## [The task]
Your copy must start with the line containing "TECHNICAL CHARACTERISTICS" and end with the last line of the entries, matching them exactly and leaving out every picture.

## [Record excerpts]
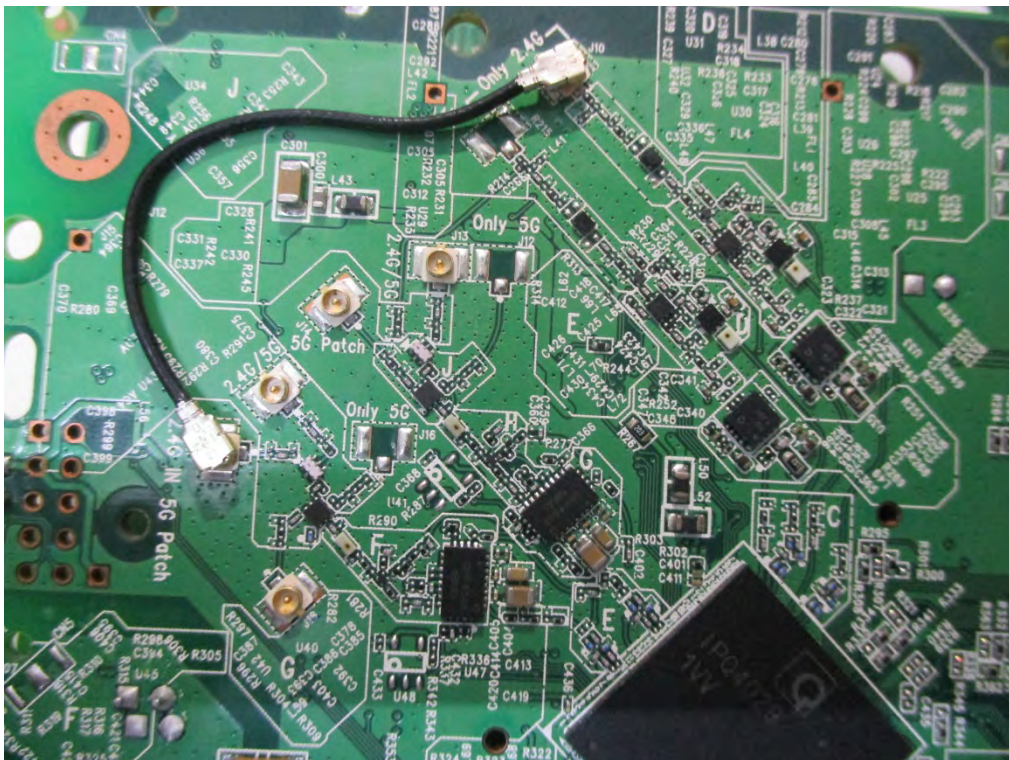

EUT- Antenna connect port View

WIFI RF Chip IC – Top View

Patch Antenna – Top View

Patch Antenna – Bottom View

EUT – Dipole antenna

Model: VigorAP 920R
EUT- Uncover View

EUT- Uncover View

EUT- Uncover View

EUT- Main Board Top View

WIFI RF Chip IC – Top View

EUT – Dipole antenna

Model: VigorAP 920RP
EUT- Uncover View

EUT- Uncover View

EUT- Uncover View

EUT- Main Board Top View

EUT- Main Board Bottom View

EUT- Antenna connect port View

WIFI RF Chip IC – Top View

EUT – Dipole antenna

Model: VigorAP 920RD

EUT- Uncover View

EUT- Uncover View

EUT- Uncover View

EUT- Main Board Top View

EUT- Main Board Bottom View

EUT- Antenna connect port View

WIFI RF Chip IC – Top View

Patch Antenna – Top View

Patch Antenna – Bottom View

EUT – Dipole antenna
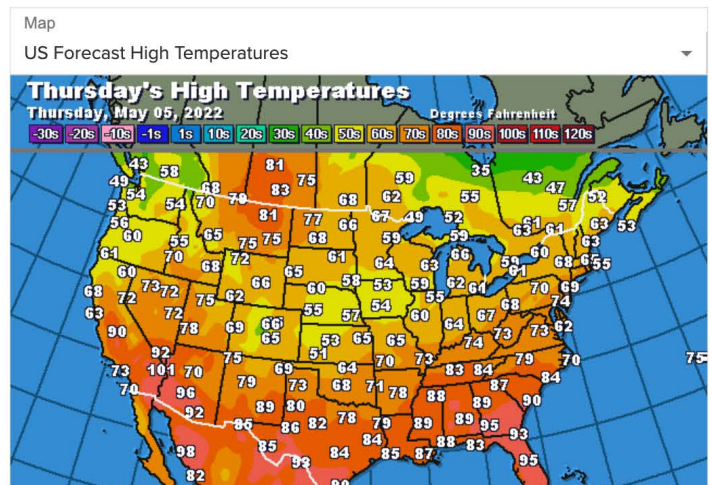

(Image 2)

Features

Local Zip Code

Enter your local zip code above the 5-day forecast widget to get customized weather for your area (Image 3).

Zip/Postal Code: 58540 (circled in pink)

5-day forecast:

Today	Thu	Fri	Sat	Sun
69°F 35°F	73°F 40°F	74°F 47°F	76°F 50°F	72°F 45°F

Current Conditions:

Temperature: 49°F
Feels Like: 45°F
Wind Direction: SSE

(Image 3)

Custom Maps

To access additional maps, click the “Layers” icon in the upper left corner of the top map (*Image 4*). The default map is Radar, but you can scroll through and click the check box next to any of the options listed to view the maps.
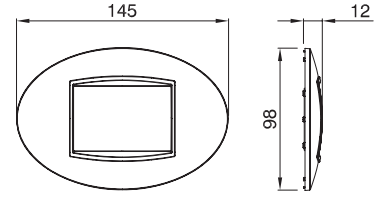

2+2+2 GANGS

2+2 GANGS V 57

2+2 GANGS V 71

2+2+2 GANGS V

TECHNICAL CHARACTERISTICS

ART PLATES

2 GANGS

3 GANGS

4 GANGS

WATERTIGHT PLATES - IP55

2 GANGS
GW 16 702 TB - GW 167 02 TN

3 GANGS
GW 16 703 TB - GW 16 703 TN

4 GANGS
GW 16 704 TB - GW 16 704 TN
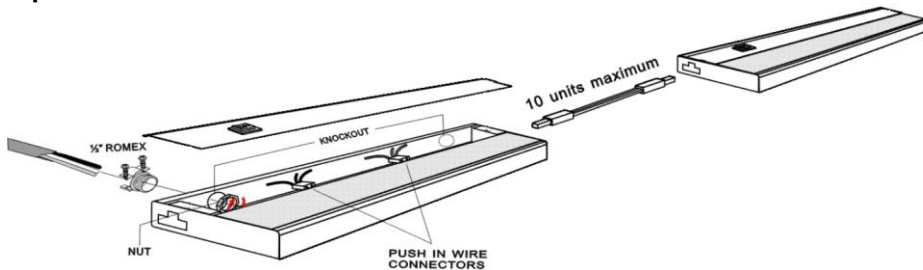

Hardwire Option 1
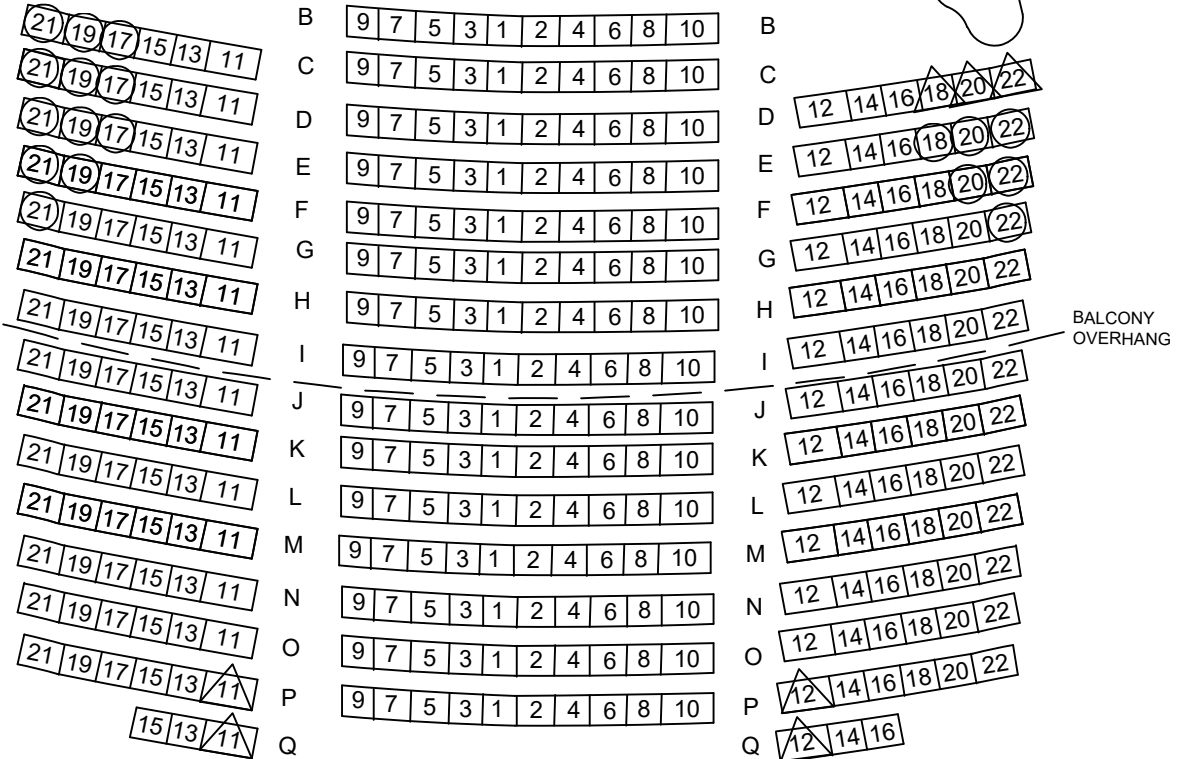

EBELL SOCIETY OF SANTA ANA THEATER

494 TOTAL SEATS IN THEATER  
447 UNOBSTRUCTED

STAGE

FLOOR LEVEL

318 TOTAL SEATS ON FLOOR LEVEL  
293 UNOBSTRUCTED

○ = PARTIALLY OBSTRUCTED VIEW TO SIDES OF STAGE  
△ = PARTIALLY OBSTRUCTED VIEW OF STAGE

BALCONY

176 TOTAL SEATS ON BALCONY LEVEL  
154 UNOBSTRUCTED

□ = OBSTRUCTED VIEW IN FRONT ROW DUE TO RAILING

## [Answer section]
TECHNICAL CHARACTERISTICS

ART PLATES

2 GANGS

3 GANGS

4 GANGS

WATERTIGHT PLATES - IP55

2 GANGS
GW 16 702 TB - GW 167 02 TN

3 GANGS
GW 16 703 TB - GW 16 703 TN

4 GANGS
GW 16 704 TB - GW 16 704 TN

Hardwire Option 1

EBELL SOCIETY OF SANTA ANA THEATER

494 TOTAL SEATS IN THEATER  
447 UNOBSTRUCTED

STAGE

FLOOR LEVEL

318 TOTAL SEATS ON FLOOR LEVEL  
293 UNOBSTRUCTED

○ = PARTIALLY OBSTRUCTED VIEW TO SIDES OF STAGE  
△ = PARTIALLY OBSTRUCTED VIEW OF STAGE

BALCONY

176 TOTAL SEATS ON BALCONY LEVEL  
154 UNOBSTRUCTED

□ = OBSTRUCTED VIEW IN FRONT ROW DUE TO RAILING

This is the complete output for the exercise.